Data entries
────────────────────────────────────────

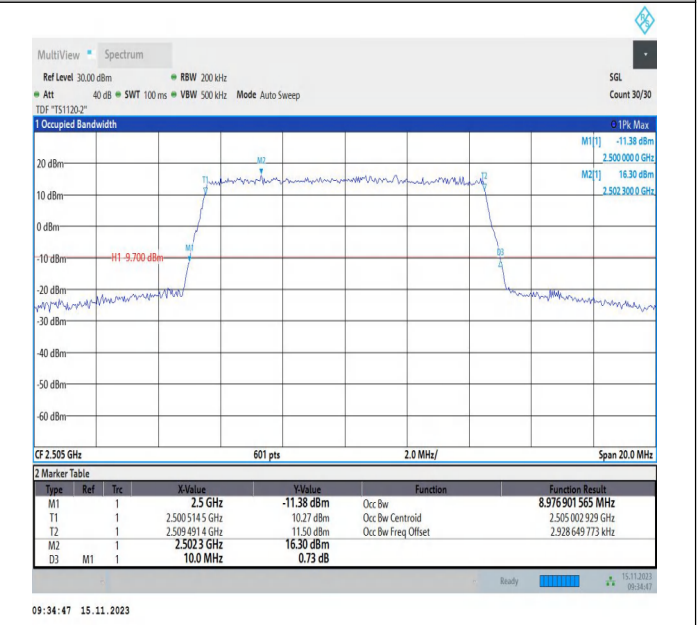

Test Graphs

Band7-5MHz-QPSK-20775-25RB#0-PASS

Band7-5MHz-16QAM-20775-25RB#0-PASS

Band7-5MHz-QPSK-21100-25RB#0-PASS

Band7-5MHz-16QAM-21100-25RB#0-PASS

Band7-5MHz-QPSK-21425-25RB#0-PASS

Band7-5MHz-16QAM-21425-25RB#0-PASS
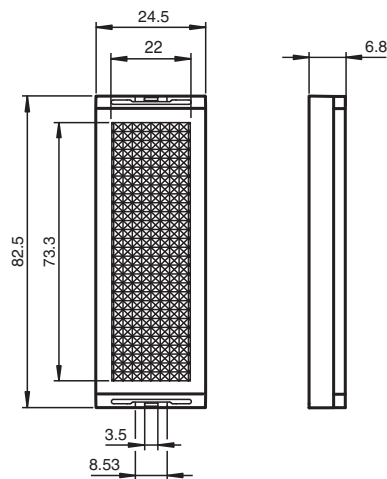

Reflector

REFLECTOR 82.5X24.5X6MM

- Self-adhesive for simple installation
- Rectangular design

Reflector

Dimensions

Technical Data

General specifications	
Construction type	rectangular
Ambient conditions	
Ambient temperature	-20 ... 60 °C (-4 ... 140 °F)
Mechanical specifications	
Material	PMMA/ABS
Dimensions	82.5 mm x 24.5 mm x 6 mm
Mounting	self-adhesive
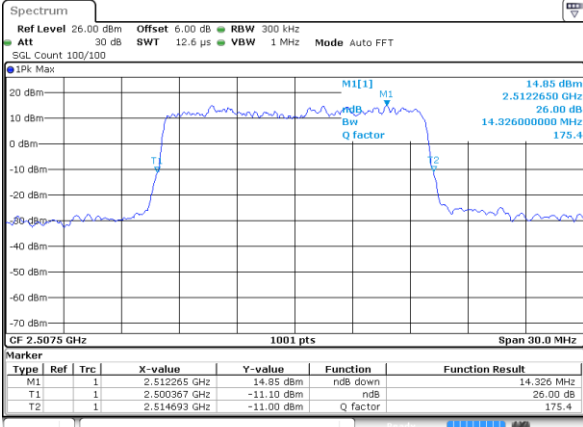

Highest Channel / 10MHz / 16QAM

Date: 8 AUG 2020 14:03:10

LTE Band 7

Lowest Channel / 15MHz / QPSK

Date: 8 AUG 2020 14:12:36

Lowest Channel / 15MHz / 16QAM

Date: 8 AUG 2020 14:12:47

Middle Channel / 15MHz / QPSK
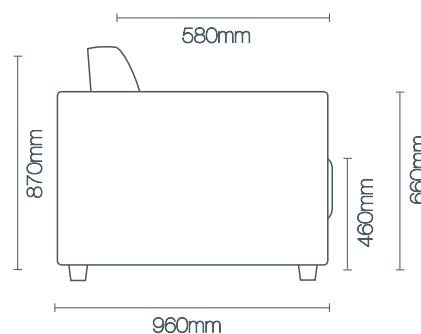

Option with or without arms

Extended length 2130 mm

### measurements

2.5 seater	L 1995mm
	D 960mm
	D (seat) 580mm
	H (back) 870mm
	H (arm) 660mm
	H (seat) 460mm

### dimensions:

Leg information:  
Height: 60mm  
Leg: Glide – Black only

designed + made in new zealand
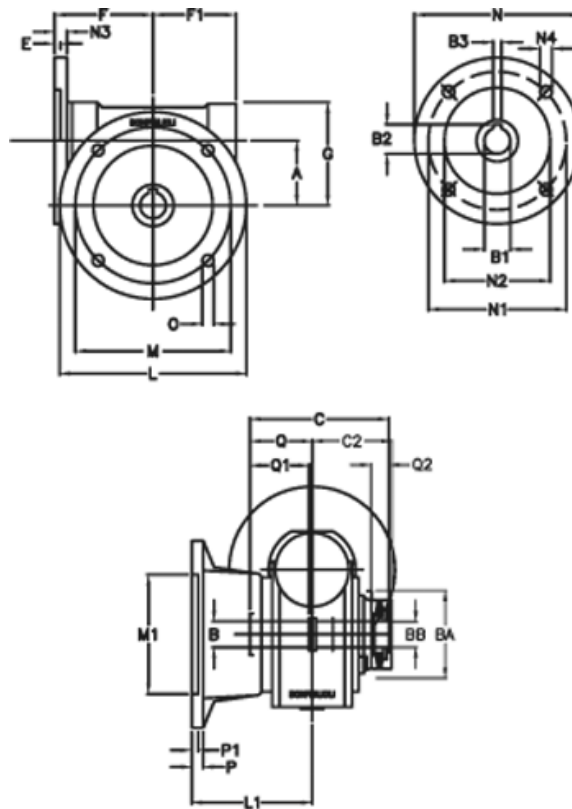

Article number: 390204401042336

Description: Worm Gear with Torque Limiter
VF 44-L2-F-10-P63B14

Measures

a = 44.60	C2 = 48	m = 87	P = 9
B = 18	Description = VF 44F-xx-63B14	M1 = 60	P1 = 7
B1 E7 = 11	E = 2.0	N = 90	Q = 32.0
B2 = 12.8	F = 65	N1 = 75	Q1 = 32
B3 H9 = 4	F1 = 54	N2 = 60	Q2 = 12
BA = 40	g = 71	N3 = 8.0	
BB H7 = 11	L = 110	N4 = 5.5	
C = 79	L1 = 60.5	O = 8.5	
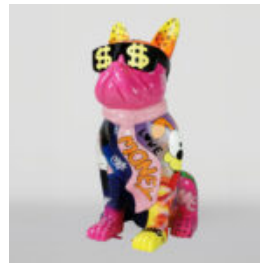

Article number: B1-1-4
Product description: Bulldog with Cap - Matte, adorned
Material: Glass...

DOG LARGE FIGURE OF BULLDOG WITH A TIE WITH GLASSES - LOGO

article number:
B1-5-2

Product description:
Large Bulldog figure with a tie with...

DOG LARGE FIGURE OF A BULLDOG WITH A TIE WITH GLASSES - NO.5

article number:
B1-5-3

Product description:
Large Bulldog figure with a tie with...

DOG LARGE FIGURE OF BULLDOG WITH A TIE WITH GLASSES - KINGA
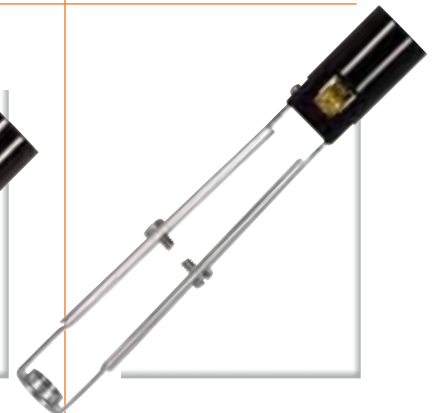

80-1089 5¾"-6¾"

Screw Terminals-Adjustable Leg
1/8 IP-Inside Extrusion
75W-125V
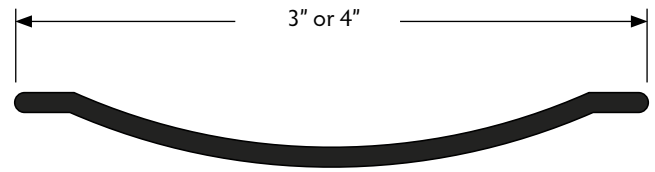

Guardrail Delineator™

CGR

For metal, wood or concrete guardrails

Carsonite's fiberglass composite guardrail delineators add visibility to guardrails. These versatile delineators can be easily attached to wood or metal guardrails. Add reflective sheeting for enhanced visibility.

How to Order:

Width (in.)
3 or 4

Color
(See chart below)

CGR **4** **027** **01**

Product number Length (in.)

Color	Standard Lengths (in.)
01-White	27, 33

See chart for availability by color.

Other lengths and colors are available. Contact your representative.
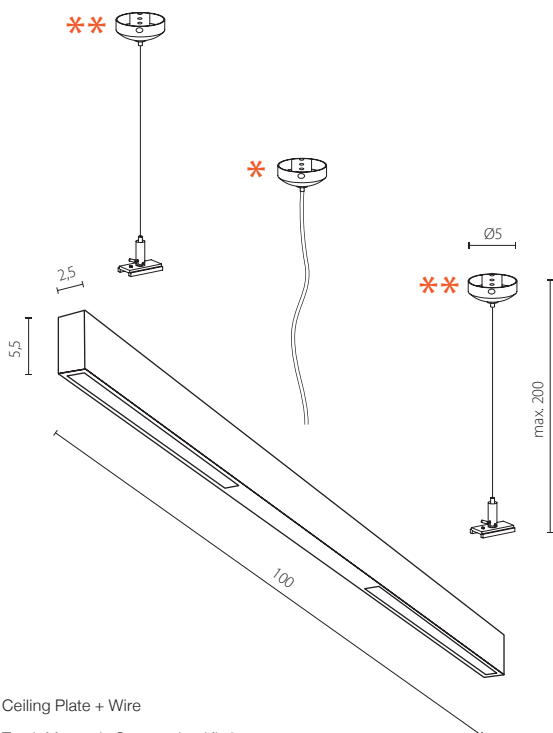

TRACK MAGNETIC SET 1 M

Sets for Track Magnetic

TRACK MAGNETIC SET 1M 3000K / 4000K

LED integrated

voltage: 48V	LED 26W 1120lm 3000K	
IP20	LED 26W 1815lm 4000K	
technical	installation: Track Magnetic	
specification	pendant with AZ4828 or AZ4829	

COLOUR / NEW INDEX NO.

	3000K BLACK (BK)	AZ4798	(52M1031BK)
	3000K WHITE (BK)	AZ4799	(52M1031WH)
	4000K BLACK (BK)	AZ4800	(52M1041BK)
	4000K WHITE (BK)	AZ4801	(52M1041WH)

Set specification:

- AZ4798 = AZ4638 + AZ4669 + AZ4652 + 2x AZ4603
- AZ4799 = AZ4639 + AZ4670 + AZ4653 + 2x AZ4604
- AZ4800 = AZ4638 + AZ4669 + AZ4652 + 2x AZ4605
- AZ4801 = AZ4639 + AZ4670 + AZ4653 + 2x AZ4606
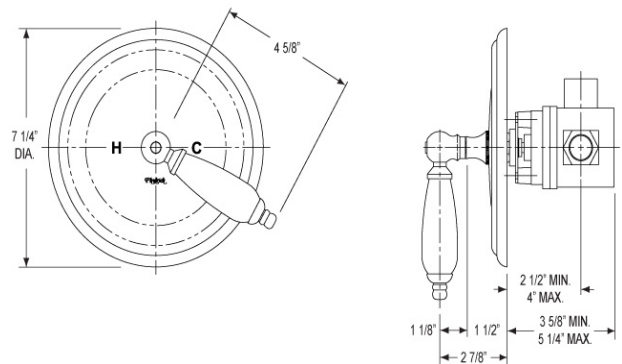

COMPLIES WITH

- ADA
- A112.18.1-05/CSA B125.1-2005-CERTIFIED
- cUPC-CERTIFIED
- UPC-CERTIFIED
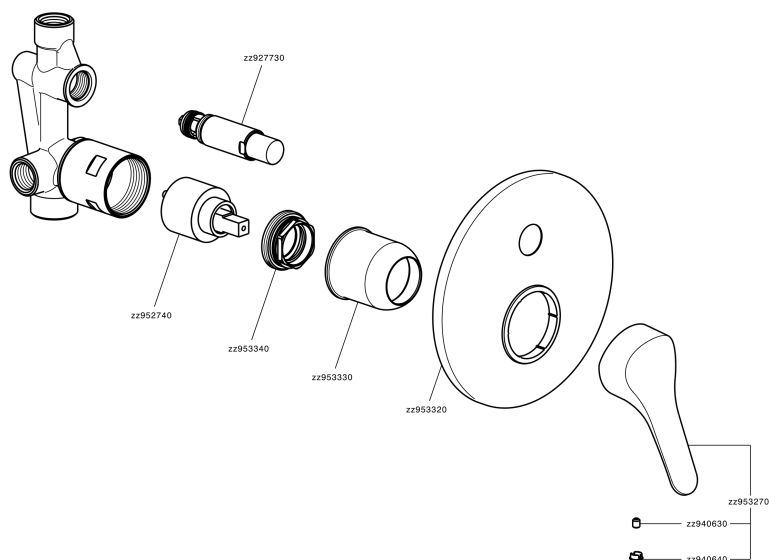

## Concealed single lever bath-shower valve MITO3\_M3000210

M3000210

<https://en.cisal.it/concealed-single-lever-bath-shower-valve-mito3-m3000210>

2026-04-04
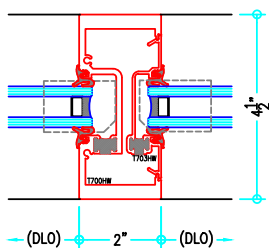

2" x 4-1/2" Thermally-Broken Center Set Heavy Wall Storefront

HEAVY WALL OPTION

LARGE DOOR STOP
OPTION, HARDWARE
DEPENDANT

Options

T700HW Series

2" x 4-1/2" Thermally-Broken Center Set Heavy Wall Storefront
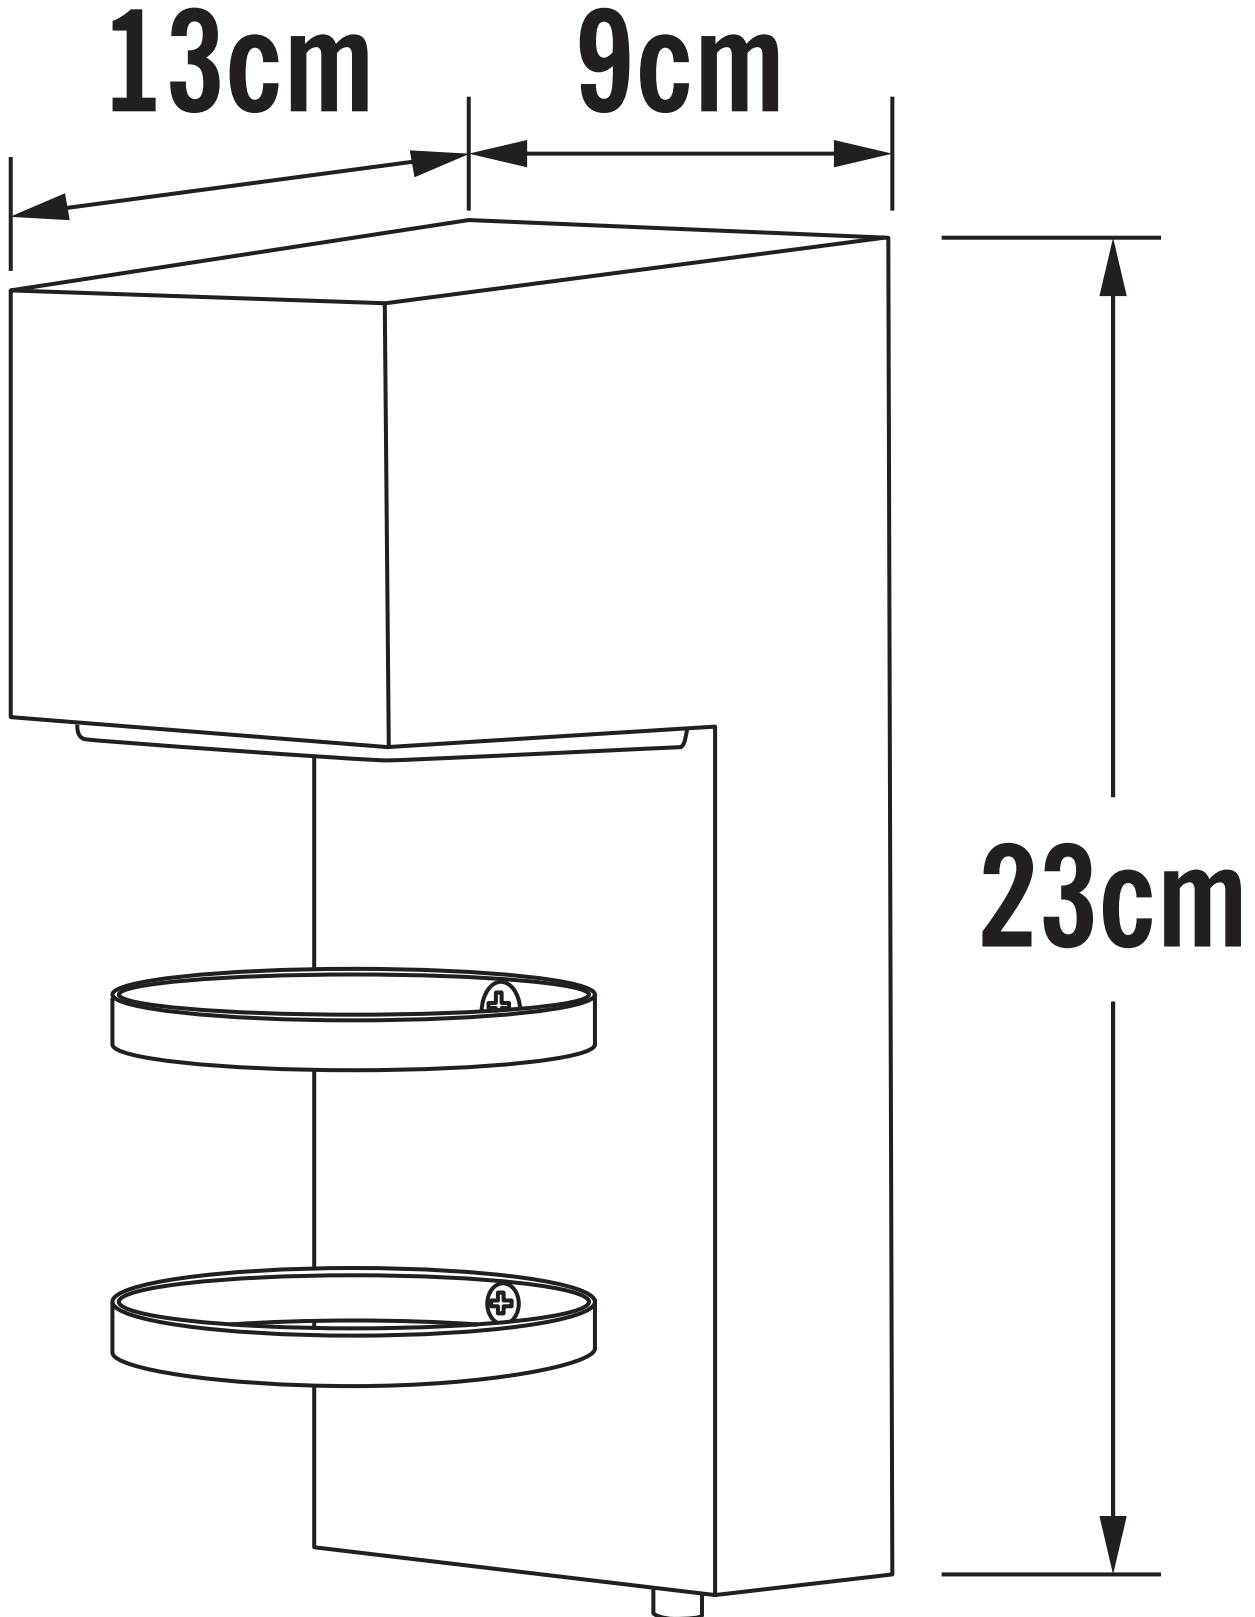

Konstsmide - Acerra - 7957-250 - LED White IP54 Outdoor Wall Washer Light

**CONTACT**
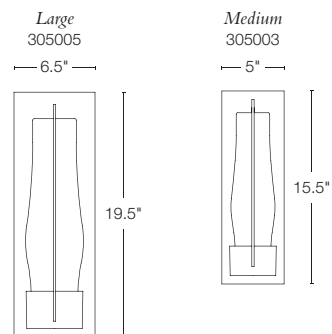

Harbor sconce sizes available
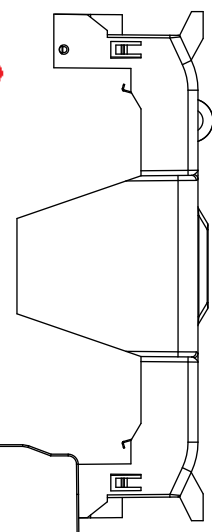

Class R Fuseblocks Catalog Data

Catalog Number	Covers		Voltage	Current	Number of Poles	Label
	Class R	w/o Indication				
RM25100-1CR	CVR-RH-25100	CVRI-RH-25100	250	100	1	RM25100-1CR
RM25100-2CR					2	RM25100-2CR
RM25100-3CR					3	RM25100-3CR
RM25200-1CR	CVR-RH-25200	CVRI-RH-25200		200	1	RM25200-1CR
RM25200-2CR					2	RM25200-2CR
RM25200-3CR					3	RM25200-3CR
RM25400-1CR	CVR-RH-25400	CVRI-RH-25400		400	1	RM25400-1CR
RM25400-2CR					2	RM25400-2CR
RM25400-3CR					3	RM25400-3CR
RM25600-1CR	CVR-RH-25600	CVRI-RH-25600		600	1	RM25600-1CR
RM25600-2CR					2	RM25600-2CR
RM25600-3CR					3	RM25600-3CR

Catalog Number	Covers		Voltage	Current	Number of Poles	Label
	Class R	w/o Indication				
RM60100-1CR	CVR-RH-60100	CVRI-RH-60100	600	100	1	RM60100-1CR
RM60100-2CR					2	RM60100-2CR
RM60100-3CR					3	RM60100-3CR
RM60200-1CR	CVR-RH-60200	CVRI-RH-60200		200	1	RM60200-1CR
RM60200-2CR					2	RM60200-2CR
RM60200-3CR					3	RM60200-3CR
RM60400-1CR	CVR-RH-60400	CVRI-RH-60400		400	1	RM60400-1CR
RM60400-2CR					2	RM60400-2CR
RM60400-3CR					3	RM60400-3CR
RM60600-1CR	CVR-RH-60600	CVRI-RH-60600		600	1	RM60600-1CR
RM60600-2CR					2	RM60600-2CR
RM60600-3CR					3	RM60600-3CR

COOPER Bussmann
St. Louis MO 63178

TITLE:

Class R fuse holder-CUST

SCALE: 1:1

SIZE: A3

SHEET: 1 OF 14

PUSH DOWN

LIFT UP

LIFT UP, THEN ROTATE OVER

 St. Louis MO 63178		
TITLE:		
Class R fuse holder-CUST		
SCALE: 1:2	SIZE: A3	SHEET: 2 OF 14
www.Bussmann.com		

RM25100-1CR

ALLEN KEY #: 3/16" (5.5MM)

RM25100-1CR WITH CVR-RH-25100 INSTALLED
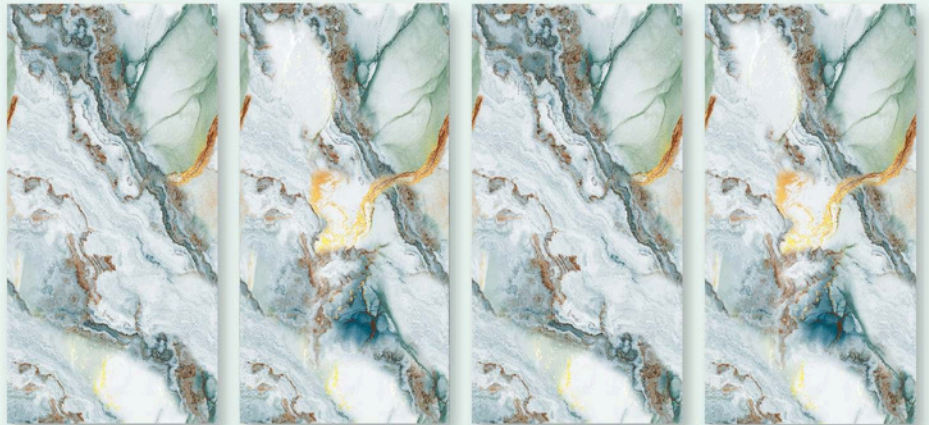

WATERPROOF

STAIN
RESISTANCE

EASY TO
CLEAN

COLORICO ENDLESS

COLLECTION

SNEZZY GREEN

DIMENSION : 600X1200MM

SURFACE : GLOSSY

RANDOMS : 4

WATERPROOF

STAIN
RESISTANCE

EASY TO
CLEAN

COLORICO ENDLESS

COLLECTION

TAPEKO AQUA

DIMENSION : 600X1200MM

SURFACE : GLOSSY

RANDOMS : 2

WATERPROOF

STAIN
RESISTANCE

EASY TO
CLEAN

COLORICO ENDLESS

COLLECTION

VENTURI ONYX GREEN

DIMENSION : 600X1200MM

SURFACE : GLOSSY

RANDOMS : 4

WATERPROOF

STAIN
RESISTANCE

EASY TO
CLEAN

HOTEL

COLORICO ENDLESS
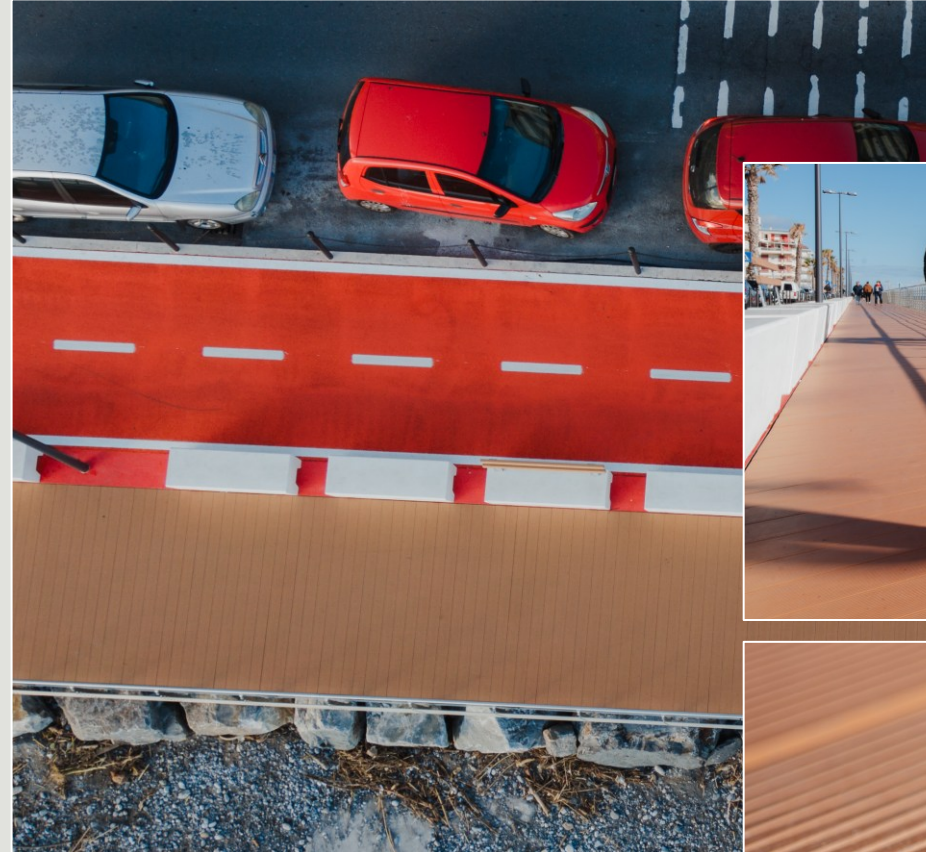

PROJETOS FELLI

Passarela Ventimiglia

Projeto Arq. Andrea Borro e Mario Clemente
Ventimiglia | Itália | 2021
Perfil: Classic 140x21
Cor: Marrom

────────────────────────────────────────

What you will do: Your task is to repeat the opening line of the entries above and each line after it, ending with the line that has "REFLECTOR 82.5X24.5X6MM". Do not include the pictures.

Solution:
Test Graphs

Band7-5MHz-QPSK-20775-25RB#0-PASS

Band7-5MHz-16QAM-20775-25RB#0-PASS

Band7-5MHz-QPSK-21100-25RB#0-PASS

Band7-5MHz-16QAM-21100-25RB#0-PASS

Band7-5MHz-QPSK-21425-25RB#0-PASS

Band7-5MHz-16QAM-21425-25RB#0-PASS

Reflector

REFLECTOR 82.5X24.5X6MM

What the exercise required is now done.